Lunch break, ridge plots with Bokeh

Bokeh is a great visualization Python library. In this short post, we are going to use it to create a ridge plot.

closeup

For that purpose, we use the COVID-19 death data from Johns Hopkins University, and plot the daily normalized death rate (100000 * number of daily deaths / population) per EU(+UK) country.

Imports

import colorcet as cc
import numpy as np
import pandas as pd
from bokeh.io import show, output_notebook
from bokeh.models import ColumnDataSource, DatetimeTickFormatter
from bokeh.plotting import figure

output_notebook()

# Johns Hopkins University data url
URL = "https://raw.githubusercontent.com/CSSEGISandData/COVID-19/master/csse_covid_19_data/csse_covid_19_time_series/time_series_covid19_deaths_global.csv"

Loading BokehJS ...

Load and prepare the data

Load the COVID-19 data into a dataframe:

deaths = pd.read_csv(URL)
deaths.head(2)

	Province/State	Country/Region	Lat	...	8/24/20	8/25/20
0	NaN	Afghanistan	33.93911	...	1389	1397
1	NaN	Albania	41.15330	...	254	259

2 rows × 221 columns

Also load a list of EU countries:

countries = (
    pd.read_csv(
        "https://pkgstore.datahub.io/opendatafortaxjustice/listofeucountries/listofeucountries_csv/data/5ab24e62d2ad8f06b59a0e7ffd7cb556/listofeucountries_csv.csv"
    )
    .values[:, 0]
    .tolist()
)

# Match country names
countries = [c if c != "Czech Republic" else "Czechia" for c in countries]
countries = [c if c != "Slovak Republic" else "Slovakia" for c in countries]

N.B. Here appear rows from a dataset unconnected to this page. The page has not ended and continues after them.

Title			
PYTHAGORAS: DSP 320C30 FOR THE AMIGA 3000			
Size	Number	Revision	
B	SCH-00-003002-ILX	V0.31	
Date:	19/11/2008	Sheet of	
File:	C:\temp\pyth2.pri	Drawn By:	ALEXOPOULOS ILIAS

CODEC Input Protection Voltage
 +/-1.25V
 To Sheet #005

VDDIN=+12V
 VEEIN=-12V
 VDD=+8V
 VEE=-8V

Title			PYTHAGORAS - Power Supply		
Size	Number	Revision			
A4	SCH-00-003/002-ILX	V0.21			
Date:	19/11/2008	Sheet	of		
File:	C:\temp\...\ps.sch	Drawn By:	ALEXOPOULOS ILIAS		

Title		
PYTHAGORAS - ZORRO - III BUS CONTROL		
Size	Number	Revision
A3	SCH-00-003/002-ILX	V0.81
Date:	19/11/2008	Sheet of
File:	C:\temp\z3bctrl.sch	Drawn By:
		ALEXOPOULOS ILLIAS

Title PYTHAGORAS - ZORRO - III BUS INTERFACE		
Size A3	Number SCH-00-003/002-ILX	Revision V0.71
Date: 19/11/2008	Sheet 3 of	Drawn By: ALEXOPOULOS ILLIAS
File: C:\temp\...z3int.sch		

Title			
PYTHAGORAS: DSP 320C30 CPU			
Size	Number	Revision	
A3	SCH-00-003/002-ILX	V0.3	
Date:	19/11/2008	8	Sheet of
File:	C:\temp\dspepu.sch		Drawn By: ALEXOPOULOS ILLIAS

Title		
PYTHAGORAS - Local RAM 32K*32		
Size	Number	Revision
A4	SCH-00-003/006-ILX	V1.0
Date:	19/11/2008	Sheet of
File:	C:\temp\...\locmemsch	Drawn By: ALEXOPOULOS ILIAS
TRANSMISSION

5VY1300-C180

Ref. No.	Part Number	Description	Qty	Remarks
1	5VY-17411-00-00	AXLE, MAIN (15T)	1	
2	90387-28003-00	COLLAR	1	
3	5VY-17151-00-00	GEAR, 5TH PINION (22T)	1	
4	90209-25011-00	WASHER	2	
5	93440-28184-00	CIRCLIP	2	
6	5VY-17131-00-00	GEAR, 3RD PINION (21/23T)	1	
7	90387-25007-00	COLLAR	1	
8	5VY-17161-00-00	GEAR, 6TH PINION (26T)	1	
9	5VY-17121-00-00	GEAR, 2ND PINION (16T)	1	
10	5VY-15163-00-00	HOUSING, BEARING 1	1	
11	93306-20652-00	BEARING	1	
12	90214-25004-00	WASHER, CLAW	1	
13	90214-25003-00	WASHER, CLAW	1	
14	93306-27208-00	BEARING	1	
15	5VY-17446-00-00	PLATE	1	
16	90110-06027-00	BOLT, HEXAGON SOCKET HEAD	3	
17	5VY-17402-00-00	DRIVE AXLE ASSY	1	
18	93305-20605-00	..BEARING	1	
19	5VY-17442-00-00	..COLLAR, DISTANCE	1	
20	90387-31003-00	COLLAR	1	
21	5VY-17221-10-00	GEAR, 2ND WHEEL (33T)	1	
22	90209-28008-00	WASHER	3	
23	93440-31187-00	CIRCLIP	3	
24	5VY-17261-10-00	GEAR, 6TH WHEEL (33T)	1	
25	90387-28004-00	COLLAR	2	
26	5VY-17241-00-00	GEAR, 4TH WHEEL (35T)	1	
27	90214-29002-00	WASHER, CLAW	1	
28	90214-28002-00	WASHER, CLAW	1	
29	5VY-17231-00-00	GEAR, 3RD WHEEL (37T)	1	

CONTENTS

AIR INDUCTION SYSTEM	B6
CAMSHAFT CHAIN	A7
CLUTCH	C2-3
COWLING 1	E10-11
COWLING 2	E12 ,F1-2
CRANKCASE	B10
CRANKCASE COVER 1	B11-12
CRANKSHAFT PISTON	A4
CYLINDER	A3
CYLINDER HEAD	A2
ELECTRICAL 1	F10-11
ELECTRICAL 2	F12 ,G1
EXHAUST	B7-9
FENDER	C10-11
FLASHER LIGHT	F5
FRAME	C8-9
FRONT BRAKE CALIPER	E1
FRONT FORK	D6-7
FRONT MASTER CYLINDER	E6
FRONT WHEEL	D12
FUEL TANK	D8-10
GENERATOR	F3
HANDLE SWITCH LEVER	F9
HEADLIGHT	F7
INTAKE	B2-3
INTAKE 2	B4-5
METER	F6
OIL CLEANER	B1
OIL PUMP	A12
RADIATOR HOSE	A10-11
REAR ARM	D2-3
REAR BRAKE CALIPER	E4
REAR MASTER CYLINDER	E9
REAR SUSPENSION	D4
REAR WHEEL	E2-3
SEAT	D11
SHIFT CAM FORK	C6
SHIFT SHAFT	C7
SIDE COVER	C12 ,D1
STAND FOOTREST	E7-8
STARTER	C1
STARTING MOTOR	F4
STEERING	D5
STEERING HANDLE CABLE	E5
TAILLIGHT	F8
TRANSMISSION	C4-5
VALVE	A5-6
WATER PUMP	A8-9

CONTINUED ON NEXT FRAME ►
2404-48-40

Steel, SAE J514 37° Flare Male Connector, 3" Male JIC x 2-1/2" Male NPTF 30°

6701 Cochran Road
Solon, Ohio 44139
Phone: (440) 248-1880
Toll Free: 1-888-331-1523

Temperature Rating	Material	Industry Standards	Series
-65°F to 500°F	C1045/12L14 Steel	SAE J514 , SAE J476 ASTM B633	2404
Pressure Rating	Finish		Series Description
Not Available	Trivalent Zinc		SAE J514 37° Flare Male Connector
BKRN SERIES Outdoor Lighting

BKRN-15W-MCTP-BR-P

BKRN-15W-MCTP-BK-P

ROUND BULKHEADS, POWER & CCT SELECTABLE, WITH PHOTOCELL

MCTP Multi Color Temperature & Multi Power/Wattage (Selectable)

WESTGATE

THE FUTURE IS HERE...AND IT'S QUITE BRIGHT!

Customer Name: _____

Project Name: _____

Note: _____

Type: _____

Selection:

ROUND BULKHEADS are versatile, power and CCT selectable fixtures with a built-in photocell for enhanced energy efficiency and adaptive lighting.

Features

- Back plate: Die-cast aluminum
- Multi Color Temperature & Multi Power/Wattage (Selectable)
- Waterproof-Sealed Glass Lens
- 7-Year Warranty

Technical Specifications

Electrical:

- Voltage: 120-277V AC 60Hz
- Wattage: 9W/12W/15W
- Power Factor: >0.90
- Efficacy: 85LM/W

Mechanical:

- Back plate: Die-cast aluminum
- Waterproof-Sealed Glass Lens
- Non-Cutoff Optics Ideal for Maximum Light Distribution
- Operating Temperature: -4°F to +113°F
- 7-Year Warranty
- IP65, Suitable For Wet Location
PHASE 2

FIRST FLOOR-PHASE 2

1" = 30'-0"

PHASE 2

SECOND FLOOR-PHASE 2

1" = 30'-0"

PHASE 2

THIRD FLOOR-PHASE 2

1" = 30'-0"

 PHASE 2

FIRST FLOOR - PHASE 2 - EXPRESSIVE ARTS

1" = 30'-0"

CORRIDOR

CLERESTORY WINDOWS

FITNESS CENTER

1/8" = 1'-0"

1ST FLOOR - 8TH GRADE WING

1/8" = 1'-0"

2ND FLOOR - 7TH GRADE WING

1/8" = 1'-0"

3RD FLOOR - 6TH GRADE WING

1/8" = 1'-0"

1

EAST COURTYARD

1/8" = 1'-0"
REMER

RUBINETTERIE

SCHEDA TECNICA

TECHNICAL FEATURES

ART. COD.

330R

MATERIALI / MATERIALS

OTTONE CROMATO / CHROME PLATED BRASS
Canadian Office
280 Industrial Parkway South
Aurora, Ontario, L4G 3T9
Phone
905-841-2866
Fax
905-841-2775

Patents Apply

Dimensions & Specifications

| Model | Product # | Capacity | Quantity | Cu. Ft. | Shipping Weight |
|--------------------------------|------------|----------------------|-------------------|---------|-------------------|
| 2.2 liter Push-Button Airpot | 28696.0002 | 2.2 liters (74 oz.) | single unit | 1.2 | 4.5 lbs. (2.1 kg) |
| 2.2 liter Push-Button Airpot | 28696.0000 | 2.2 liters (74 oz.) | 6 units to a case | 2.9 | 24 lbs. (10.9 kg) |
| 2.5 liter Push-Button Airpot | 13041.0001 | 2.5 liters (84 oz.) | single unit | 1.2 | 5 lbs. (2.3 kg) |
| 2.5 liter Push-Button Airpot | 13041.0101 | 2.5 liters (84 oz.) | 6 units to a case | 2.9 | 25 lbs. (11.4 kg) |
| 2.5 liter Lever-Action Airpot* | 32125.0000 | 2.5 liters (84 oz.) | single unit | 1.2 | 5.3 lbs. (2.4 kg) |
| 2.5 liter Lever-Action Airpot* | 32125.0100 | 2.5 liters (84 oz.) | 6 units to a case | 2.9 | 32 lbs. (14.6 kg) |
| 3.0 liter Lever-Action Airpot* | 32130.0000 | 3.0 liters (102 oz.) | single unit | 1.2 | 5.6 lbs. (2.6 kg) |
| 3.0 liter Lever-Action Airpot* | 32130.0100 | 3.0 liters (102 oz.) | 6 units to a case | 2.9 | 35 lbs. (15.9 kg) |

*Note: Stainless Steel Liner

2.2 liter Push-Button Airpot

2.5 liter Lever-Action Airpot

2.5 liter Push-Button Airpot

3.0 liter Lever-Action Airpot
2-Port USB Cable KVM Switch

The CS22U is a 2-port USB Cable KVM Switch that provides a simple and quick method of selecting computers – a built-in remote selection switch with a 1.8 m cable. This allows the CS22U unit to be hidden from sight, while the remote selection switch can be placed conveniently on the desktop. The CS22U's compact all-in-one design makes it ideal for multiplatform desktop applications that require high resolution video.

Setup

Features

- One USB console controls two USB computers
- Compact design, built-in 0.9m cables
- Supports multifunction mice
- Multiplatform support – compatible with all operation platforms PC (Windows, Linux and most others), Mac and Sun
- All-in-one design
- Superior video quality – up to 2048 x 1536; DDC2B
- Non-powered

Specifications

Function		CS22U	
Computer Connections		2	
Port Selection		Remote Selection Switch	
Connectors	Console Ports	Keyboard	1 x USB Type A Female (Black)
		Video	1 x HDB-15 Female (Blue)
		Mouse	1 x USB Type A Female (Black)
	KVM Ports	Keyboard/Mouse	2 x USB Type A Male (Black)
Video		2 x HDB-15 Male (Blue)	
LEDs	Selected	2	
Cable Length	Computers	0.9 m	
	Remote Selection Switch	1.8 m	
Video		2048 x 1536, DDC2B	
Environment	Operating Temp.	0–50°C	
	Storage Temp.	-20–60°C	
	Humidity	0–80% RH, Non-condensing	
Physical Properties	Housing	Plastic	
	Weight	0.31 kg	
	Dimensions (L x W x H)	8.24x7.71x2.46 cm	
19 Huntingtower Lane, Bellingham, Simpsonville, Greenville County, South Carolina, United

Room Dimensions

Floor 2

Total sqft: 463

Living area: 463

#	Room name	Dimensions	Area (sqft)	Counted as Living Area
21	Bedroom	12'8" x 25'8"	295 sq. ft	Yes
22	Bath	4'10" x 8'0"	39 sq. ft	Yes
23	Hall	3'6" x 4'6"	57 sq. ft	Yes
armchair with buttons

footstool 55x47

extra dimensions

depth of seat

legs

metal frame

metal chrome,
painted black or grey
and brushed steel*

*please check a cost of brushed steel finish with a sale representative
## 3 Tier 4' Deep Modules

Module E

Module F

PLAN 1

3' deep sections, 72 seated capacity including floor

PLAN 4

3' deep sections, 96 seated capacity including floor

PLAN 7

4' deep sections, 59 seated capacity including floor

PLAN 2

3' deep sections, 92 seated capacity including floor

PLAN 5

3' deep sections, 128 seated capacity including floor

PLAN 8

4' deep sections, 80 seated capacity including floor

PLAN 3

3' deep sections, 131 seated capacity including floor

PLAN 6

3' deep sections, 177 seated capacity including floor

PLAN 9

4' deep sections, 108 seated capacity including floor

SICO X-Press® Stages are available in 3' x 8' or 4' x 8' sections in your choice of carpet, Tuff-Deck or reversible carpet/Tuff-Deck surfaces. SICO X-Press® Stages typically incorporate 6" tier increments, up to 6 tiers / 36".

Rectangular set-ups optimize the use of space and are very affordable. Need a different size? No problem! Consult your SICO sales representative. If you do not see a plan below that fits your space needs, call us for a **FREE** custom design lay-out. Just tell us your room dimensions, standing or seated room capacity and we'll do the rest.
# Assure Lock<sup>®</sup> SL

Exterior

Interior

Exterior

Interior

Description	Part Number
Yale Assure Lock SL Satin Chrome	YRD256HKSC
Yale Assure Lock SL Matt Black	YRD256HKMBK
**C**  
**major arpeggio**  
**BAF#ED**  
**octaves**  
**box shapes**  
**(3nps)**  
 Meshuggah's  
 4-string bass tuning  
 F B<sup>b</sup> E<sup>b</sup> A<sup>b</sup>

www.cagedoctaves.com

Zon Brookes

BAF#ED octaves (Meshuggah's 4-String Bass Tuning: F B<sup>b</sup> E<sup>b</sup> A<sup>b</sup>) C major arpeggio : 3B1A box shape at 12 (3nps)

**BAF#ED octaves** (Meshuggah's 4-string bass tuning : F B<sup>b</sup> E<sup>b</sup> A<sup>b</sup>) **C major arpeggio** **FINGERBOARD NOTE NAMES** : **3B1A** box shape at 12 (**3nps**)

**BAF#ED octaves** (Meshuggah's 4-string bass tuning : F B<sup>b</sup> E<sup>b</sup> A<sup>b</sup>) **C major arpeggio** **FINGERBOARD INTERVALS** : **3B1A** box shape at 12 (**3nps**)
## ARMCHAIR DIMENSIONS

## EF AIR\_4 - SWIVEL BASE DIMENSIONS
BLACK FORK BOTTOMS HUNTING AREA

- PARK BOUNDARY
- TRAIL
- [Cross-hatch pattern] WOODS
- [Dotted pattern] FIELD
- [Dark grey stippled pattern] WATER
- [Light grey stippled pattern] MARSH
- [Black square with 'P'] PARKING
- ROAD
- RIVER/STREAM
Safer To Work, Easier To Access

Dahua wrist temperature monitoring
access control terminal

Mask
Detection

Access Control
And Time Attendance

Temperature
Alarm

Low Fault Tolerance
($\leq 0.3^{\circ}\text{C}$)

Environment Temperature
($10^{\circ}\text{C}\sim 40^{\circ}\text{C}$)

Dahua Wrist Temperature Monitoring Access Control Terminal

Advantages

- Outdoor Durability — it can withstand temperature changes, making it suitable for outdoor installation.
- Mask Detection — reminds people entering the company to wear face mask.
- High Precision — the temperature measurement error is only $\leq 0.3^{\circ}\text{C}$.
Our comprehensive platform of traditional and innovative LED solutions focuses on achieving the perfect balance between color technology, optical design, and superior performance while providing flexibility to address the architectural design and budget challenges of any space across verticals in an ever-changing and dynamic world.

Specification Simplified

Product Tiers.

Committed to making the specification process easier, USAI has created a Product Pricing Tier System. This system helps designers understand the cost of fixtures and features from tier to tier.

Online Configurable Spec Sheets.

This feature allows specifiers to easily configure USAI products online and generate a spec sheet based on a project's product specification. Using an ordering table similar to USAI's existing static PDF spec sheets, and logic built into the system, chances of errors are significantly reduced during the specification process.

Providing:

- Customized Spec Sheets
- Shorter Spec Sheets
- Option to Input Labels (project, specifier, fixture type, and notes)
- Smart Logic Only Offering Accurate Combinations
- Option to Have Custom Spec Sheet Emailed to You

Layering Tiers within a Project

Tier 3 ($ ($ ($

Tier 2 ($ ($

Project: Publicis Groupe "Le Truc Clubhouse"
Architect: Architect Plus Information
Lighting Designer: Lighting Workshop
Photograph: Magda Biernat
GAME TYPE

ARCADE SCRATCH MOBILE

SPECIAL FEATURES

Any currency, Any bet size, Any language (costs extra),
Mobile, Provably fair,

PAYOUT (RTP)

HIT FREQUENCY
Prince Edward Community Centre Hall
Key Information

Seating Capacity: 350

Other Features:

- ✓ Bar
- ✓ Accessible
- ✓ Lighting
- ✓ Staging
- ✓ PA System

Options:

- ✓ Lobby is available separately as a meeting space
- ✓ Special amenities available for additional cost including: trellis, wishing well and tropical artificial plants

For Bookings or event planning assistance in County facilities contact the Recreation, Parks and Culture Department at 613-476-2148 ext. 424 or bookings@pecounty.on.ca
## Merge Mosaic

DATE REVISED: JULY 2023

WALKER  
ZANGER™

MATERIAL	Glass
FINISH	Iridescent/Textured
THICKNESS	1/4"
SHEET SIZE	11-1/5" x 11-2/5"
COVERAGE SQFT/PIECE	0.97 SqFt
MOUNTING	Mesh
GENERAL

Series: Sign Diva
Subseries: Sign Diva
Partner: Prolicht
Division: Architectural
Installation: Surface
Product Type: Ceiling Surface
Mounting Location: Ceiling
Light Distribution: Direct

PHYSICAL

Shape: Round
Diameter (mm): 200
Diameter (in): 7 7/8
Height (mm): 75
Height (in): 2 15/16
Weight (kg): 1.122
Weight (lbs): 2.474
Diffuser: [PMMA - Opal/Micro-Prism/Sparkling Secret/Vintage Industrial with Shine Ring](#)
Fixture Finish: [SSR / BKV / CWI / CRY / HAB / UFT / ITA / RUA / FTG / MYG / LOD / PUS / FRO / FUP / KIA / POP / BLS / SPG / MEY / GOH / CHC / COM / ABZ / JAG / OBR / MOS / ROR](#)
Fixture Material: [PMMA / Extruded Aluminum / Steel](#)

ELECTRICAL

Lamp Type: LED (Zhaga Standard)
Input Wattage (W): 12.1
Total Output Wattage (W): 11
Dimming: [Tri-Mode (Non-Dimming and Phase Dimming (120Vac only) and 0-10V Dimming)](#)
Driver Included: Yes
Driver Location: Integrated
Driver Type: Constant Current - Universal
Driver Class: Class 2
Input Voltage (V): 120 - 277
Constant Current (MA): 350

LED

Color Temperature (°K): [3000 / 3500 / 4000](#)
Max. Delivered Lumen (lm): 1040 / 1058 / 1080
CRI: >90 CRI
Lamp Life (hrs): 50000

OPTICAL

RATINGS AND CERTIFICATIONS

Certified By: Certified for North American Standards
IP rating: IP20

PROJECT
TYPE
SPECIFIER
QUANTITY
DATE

n_countries = len(countries)
print(countries)

['Austria', 'Belgium', 'Bulgaria', 'Croatia', 'Cyprus', 'Czechia', 'Denmark', 'Estonia', 'Finland', 'France', 'Germany', 'Greece', 'Hungary', 'Ireland', 'Italy', 'Latvia', 'Lithuania', 'Luxembourg', 'Malta', 'Netherlands', 'Poland', 'Portugal', 'Romania', 'Slovakia', 'Slovenia', 'Spain', 'Sweden', 'United Kingdom']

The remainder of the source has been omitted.